ASR (Automatic Speech Recognition)

Supported ICs[ RTL8726E ][ RTL8713E ][ RTL8730E ]

Overview

ASR is the module to recognize speech to text.

AIVoice provides an offline ASR algorithm for voice command detection, designed for voice interaction applications that require fast, reliable, and network-independent performance.

Core Features

Continuous Interaction: Supports multi-turn recognition after a single wake-up, with no need for repeated wake-up prompts.
Language Support: Currently supports only Mandarin Chinese.
Command Capacity: Recognizes up to 200 commands.
Resource Composition: Recognition resources include a model file and an FST file (Finite-State Transducer). To update or customize commands, only the FST file needs to be replaced, with no changes required to the model.

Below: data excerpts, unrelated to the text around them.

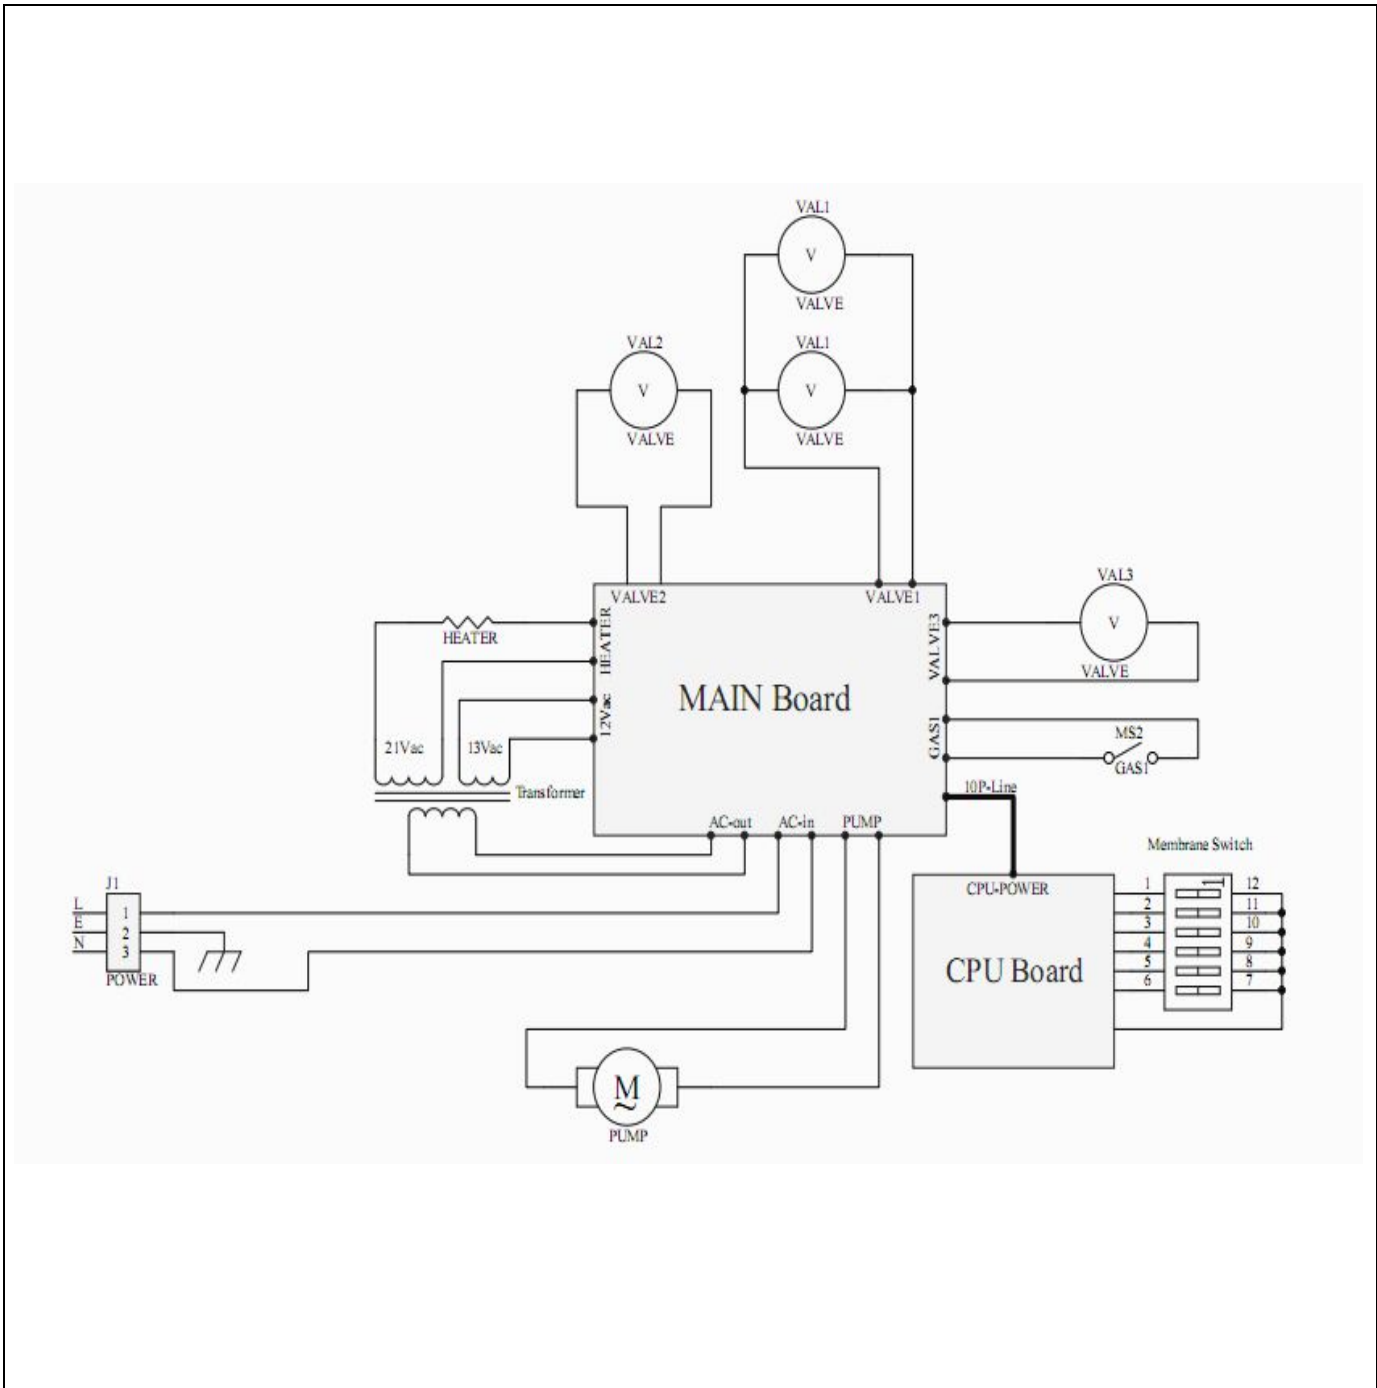

Circuit diagram

Hendi B.V. Steenoven 21 3911 TX Rhenen The Netherlands	Batch #	Appliance part#
	ZVVV- 2017/09/000003 and up	201428
	Description	
Chamber Vacuum Sealer with oil pump		

Date	02/11/2018	Revision #	Revision version
Revision	Reason revision

Predefined & Customization

The SDK includes a default set of 40 predefined commands for air conditioning scenarios, such as 打开空调 (turn on air conditioning) and 关闭空调 (turn off air conditioning).
To customize commands, you can use our online generation tool to create the corresponding FST resource file for quick integration into your application.

Customized Services

If your project requirements exceed the following standard capabilities, please contact our business team for a customized solution:

Command vocabulary exceeding 200 entries
Support for additional languages
Deep performance optimization or algorithm customization for specific scenarios

Configurations

ASR configurable parameters:

sensitivity:: Three levels of sensitivity are provided with predefined internal parameters.The higher, easier to detect commands but also more false alarm.

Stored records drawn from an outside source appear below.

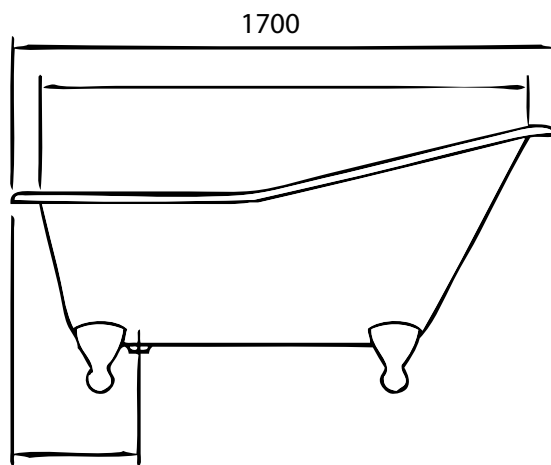

## Dimensions (MM)

Volume: 190 Lt  
Weight (Dry): 135 Kg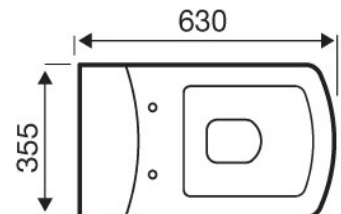

VIP-Bathrooms.com Product Dimensions

Aspect Sanitaryware Range

Aspect 460mm Basin & Pedestal

Aspect 545mm Basin & Pedestal

Aspect Bidet

Aspect Back To Wall WC

Aspect Close To Wall WC

Aspect Close Coupled WC

VIP-BATHROOMS.COM

01942 885700

www.vip-bathrooms.com

VIP-Bathrooms.com Product Dimensions

Aspect Sanitaryware Range

Aspect 460mm Basin & Pedestal

Refer to ${aivoice_lib_dir}/include/aivoice_asr_config.h for details.

Custom Command Guide

Hardware Requirements

Chip Models
- RTL8713ECM-VA4-CG
- RTL8730EAM-VA6-CG
Flash Size: ≥ 16 MB
Dual-microphone Spacing: 50 mm
Microphone and Loopback Channel Mapping:
- RTL8713ECM-VA4-CG: AMIC1, AMIC2, AMIC3
- RTL8730EAM-VA6-CG: AMIC1, AMIC3, AMIC5
One external speaker

Software Requirements

Prepare ameba-rtos repository (referred to as ${SDK}).

Master Branch: Refer to SDK Download for the extended XDK download method.
Branch 1.1:

git clone https://github.com/Ameba-AIoT/ameba-rtos.git
cd ameba-rtos
git checkout remotes/origin/release/v1.1 -b release/v1.1

Operation Instructions

Use Online tool and upload the required Excel files containing the command list and corresponding audio prompts. After backend compilation is completed, download the download.zip file and extract it.
Copy the modified files into the SDK and apply the patch:

cp -r ${download}/patch/* ${SDK}
git apply --reject speechmind_custom_cmd.patch

Note

If git apply reports errors, it indicates a significant version discrepancy between the current SDK and the version used to generate the patch. Please manually integrate the changes from the patch into the corresponding files in the SDK.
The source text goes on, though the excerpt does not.